Stored dataset items
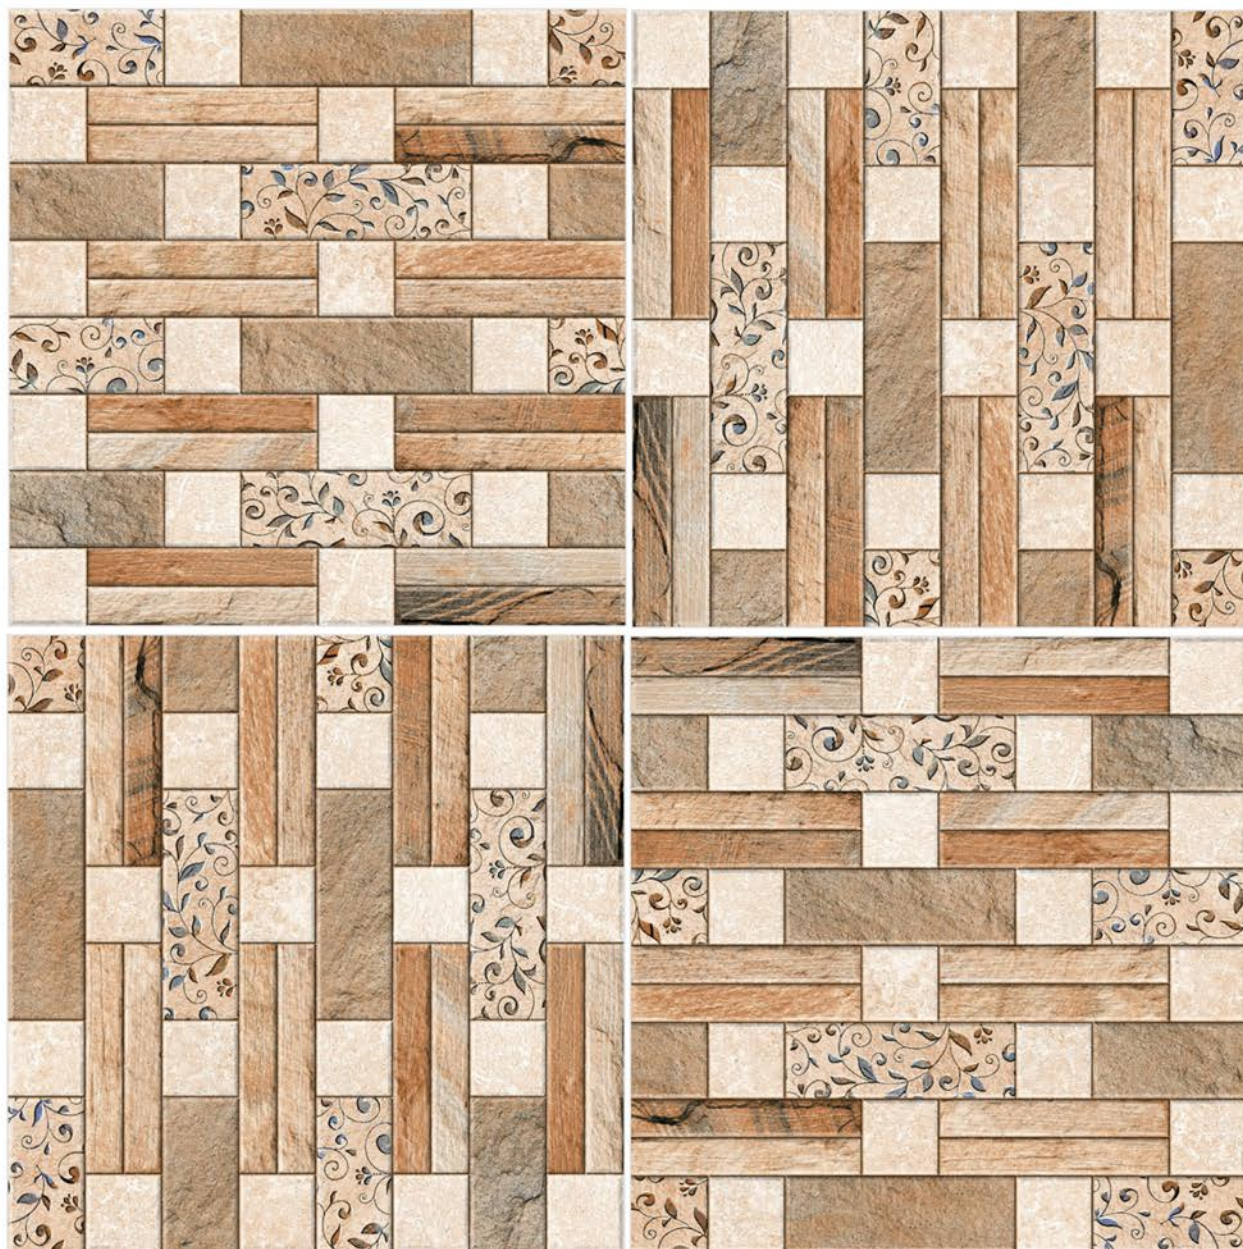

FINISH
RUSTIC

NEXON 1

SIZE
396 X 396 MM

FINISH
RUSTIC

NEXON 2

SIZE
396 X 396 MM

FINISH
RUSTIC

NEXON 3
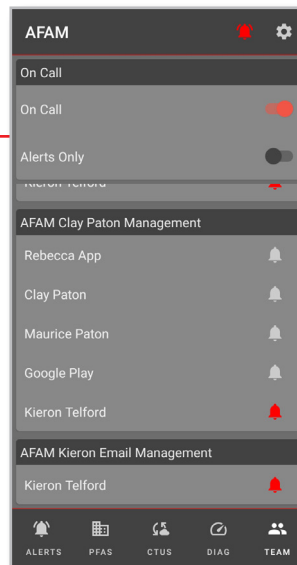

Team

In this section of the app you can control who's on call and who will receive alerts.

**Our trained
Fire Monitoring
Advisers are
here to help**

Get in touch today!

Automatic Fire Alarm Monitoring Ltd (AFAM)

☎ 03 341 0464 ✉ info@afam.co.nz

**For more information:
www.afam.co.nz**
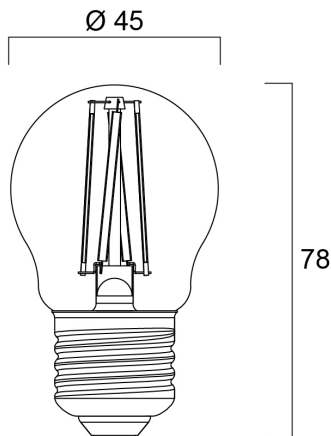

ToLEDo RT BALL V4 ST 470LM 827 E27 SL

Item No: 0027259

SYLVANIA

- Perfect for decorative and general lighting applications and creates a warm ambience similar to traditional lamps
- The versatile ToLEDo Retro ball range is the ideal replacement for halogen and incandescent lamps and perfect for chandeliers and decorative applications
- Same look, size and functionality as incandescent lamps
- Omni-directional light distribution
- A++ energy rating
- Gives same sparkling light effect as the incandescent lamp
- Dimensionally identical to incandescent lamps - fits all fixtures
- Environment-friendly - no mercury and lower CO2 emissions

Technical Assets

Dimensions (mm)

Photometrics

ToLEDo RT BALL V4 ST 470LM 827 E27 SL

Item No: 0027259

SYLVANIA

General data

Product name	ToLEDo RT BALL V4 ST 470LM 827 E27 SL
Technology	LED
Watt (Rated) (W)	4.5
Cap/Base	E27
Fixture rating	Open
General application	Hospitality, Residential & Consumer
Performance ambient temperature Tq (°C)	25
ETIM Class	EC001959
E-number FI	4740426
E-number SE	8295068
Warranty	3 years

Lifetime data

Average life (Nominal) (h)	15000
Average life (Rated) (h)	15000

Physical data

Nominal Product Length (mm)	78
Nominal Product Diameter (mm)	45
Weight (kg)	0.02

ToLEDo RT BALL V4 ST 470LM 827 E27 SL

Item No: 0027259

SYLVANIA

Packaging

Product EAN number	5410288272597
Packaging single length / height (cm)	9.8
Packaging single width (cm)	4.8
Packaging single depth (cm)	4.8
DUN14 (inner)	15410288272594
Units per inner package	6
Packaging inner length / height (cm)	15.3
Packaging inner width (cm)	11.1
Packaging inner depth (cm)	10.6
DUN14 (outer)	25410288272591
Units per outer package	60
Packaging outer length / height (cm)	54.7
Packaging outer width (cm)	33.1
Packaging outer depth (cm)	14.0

---

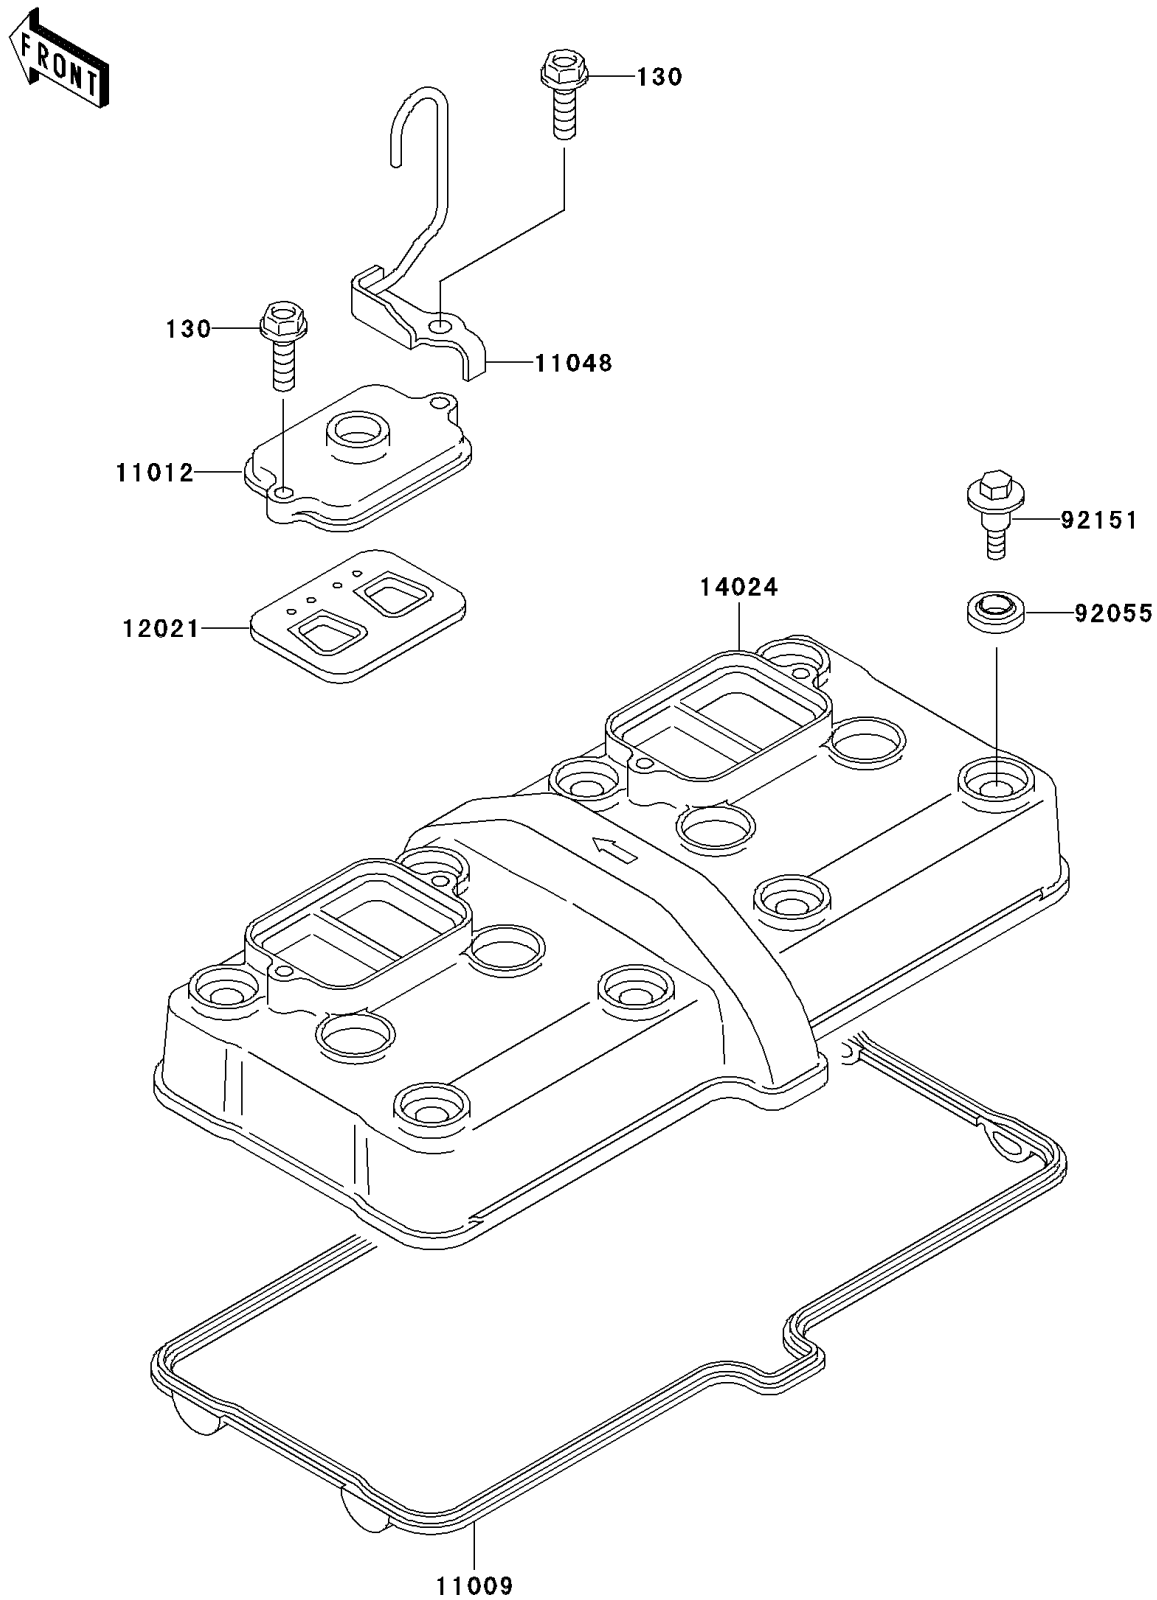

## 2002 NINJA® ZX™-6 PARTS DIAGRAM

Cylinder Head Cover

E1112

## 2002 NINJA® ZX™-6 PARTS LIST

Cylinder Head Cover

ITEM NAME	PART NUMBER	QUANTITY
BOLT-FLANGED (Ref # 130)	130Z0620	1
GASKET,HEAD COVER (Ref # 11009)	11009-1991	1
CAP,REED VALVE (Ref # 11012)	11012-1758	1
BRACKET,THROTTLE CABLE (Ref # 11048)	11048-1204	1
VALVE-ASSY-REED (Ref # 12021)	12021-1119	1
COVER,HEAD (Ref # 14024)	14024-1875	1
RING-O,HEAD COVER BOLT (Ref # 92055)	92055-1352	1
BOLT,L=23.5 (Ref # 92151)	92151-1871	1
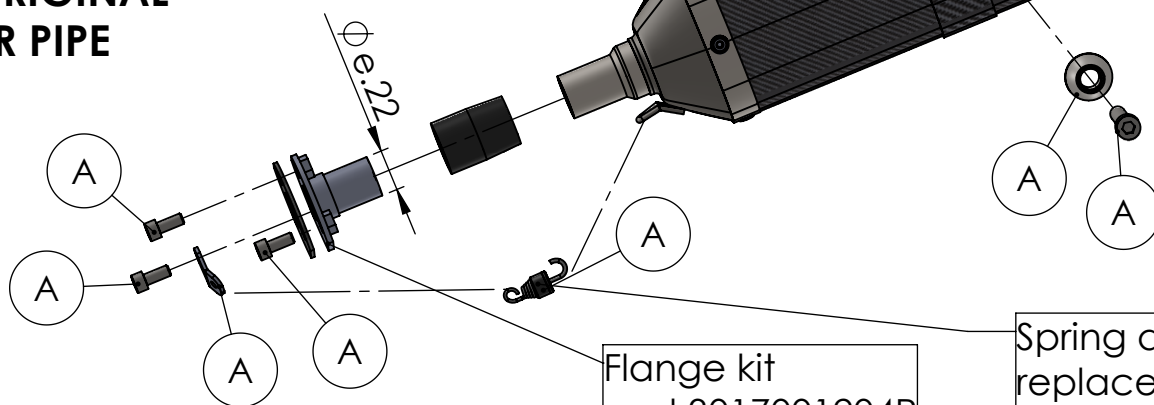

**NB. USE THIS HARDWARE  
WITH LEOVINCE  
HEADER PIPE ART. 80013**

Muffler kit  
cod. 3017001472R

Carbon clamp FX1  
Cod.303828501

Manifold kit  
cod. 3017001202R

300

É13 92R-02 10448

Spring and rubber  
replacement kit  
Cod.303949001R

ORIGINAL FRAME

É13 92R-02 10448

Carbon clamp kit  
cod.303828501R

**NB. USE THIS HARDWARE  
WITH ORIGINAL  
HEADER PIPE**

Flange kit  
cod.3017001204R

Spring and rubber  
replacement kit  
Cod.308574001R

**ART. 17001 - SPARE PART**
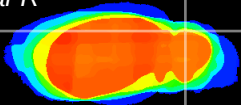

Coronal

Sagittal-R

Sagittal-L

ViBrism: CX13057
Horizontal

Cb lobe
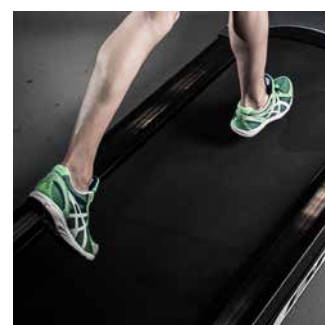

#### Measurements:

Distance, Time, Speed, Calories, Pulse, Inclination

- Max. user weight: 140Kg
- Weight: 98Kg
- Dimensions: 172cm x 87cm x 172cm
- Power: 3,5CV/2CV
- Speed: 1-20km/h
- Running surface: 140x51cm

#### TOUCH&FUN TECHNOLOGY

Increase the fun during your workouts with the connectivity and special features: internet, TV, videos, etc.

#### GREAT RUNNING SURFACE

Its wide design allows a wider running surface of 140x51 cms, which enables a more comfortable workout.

--

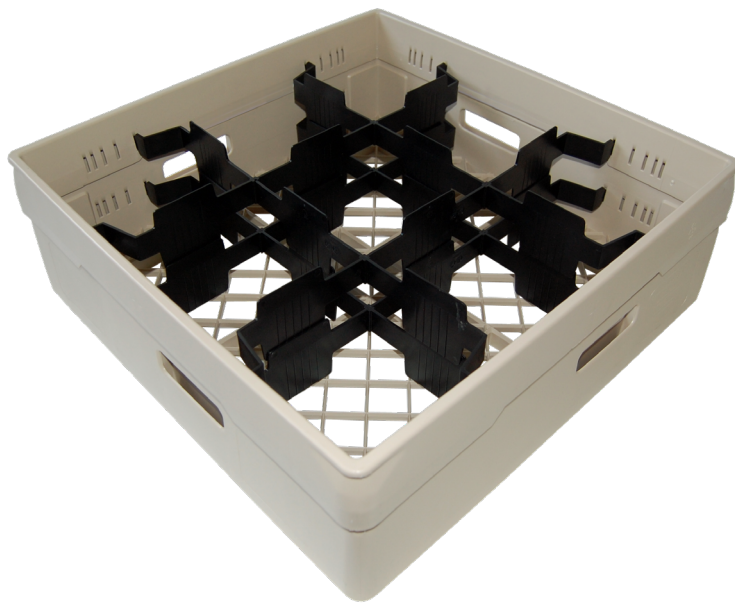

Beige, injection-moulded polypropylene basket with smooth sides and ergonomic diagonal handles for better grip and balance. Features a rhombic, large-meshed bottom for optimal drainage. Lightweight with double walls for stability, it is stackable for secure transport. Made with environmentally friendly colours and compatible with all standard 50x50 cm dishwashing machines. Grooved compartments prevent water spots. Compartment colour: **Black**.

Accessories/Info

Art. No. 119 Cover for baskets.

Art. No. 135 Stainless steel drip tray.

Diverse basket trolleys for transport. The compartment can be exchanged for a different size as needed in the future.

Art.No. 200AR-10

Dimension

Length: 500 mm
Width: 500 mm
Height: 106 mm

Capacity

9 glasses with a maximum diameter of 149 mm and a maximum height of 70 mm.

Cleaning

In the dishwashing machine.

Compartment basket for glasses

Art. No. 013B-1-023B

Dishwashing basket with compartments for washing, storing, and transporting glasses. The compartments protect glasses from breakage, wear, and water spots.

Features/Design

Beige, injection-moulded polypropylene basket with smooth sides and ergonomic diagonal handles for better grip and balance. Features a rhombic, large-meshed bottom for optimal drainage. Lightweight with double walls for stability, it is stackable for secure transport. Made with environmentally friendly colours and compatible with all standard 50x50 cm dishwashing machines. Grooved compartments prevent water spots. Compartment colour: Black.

● What you need to do: Only the lines above starting with the one with "- Dimensions: 172cm x 87cm x 172cm" and going through the one with "Its wide design" are to be copied, word for word and with both ends kept.

● Written response:
- Dimensions: 172cm x 87cm x 172cm
- Power: 3,5CV/2CV
- Speed: 1-20km/h
- Running surface: 140x51cm

#### TOUCH&FUN TECHNOLOGY

Increase the fun during your workouts with the connectivity and special features: internet, TV, videos, etc.

#### GREAT RUNNING SURFACE

Its wide design allows a wider running surface of 140x51 cms, which enables a more comfortable workout.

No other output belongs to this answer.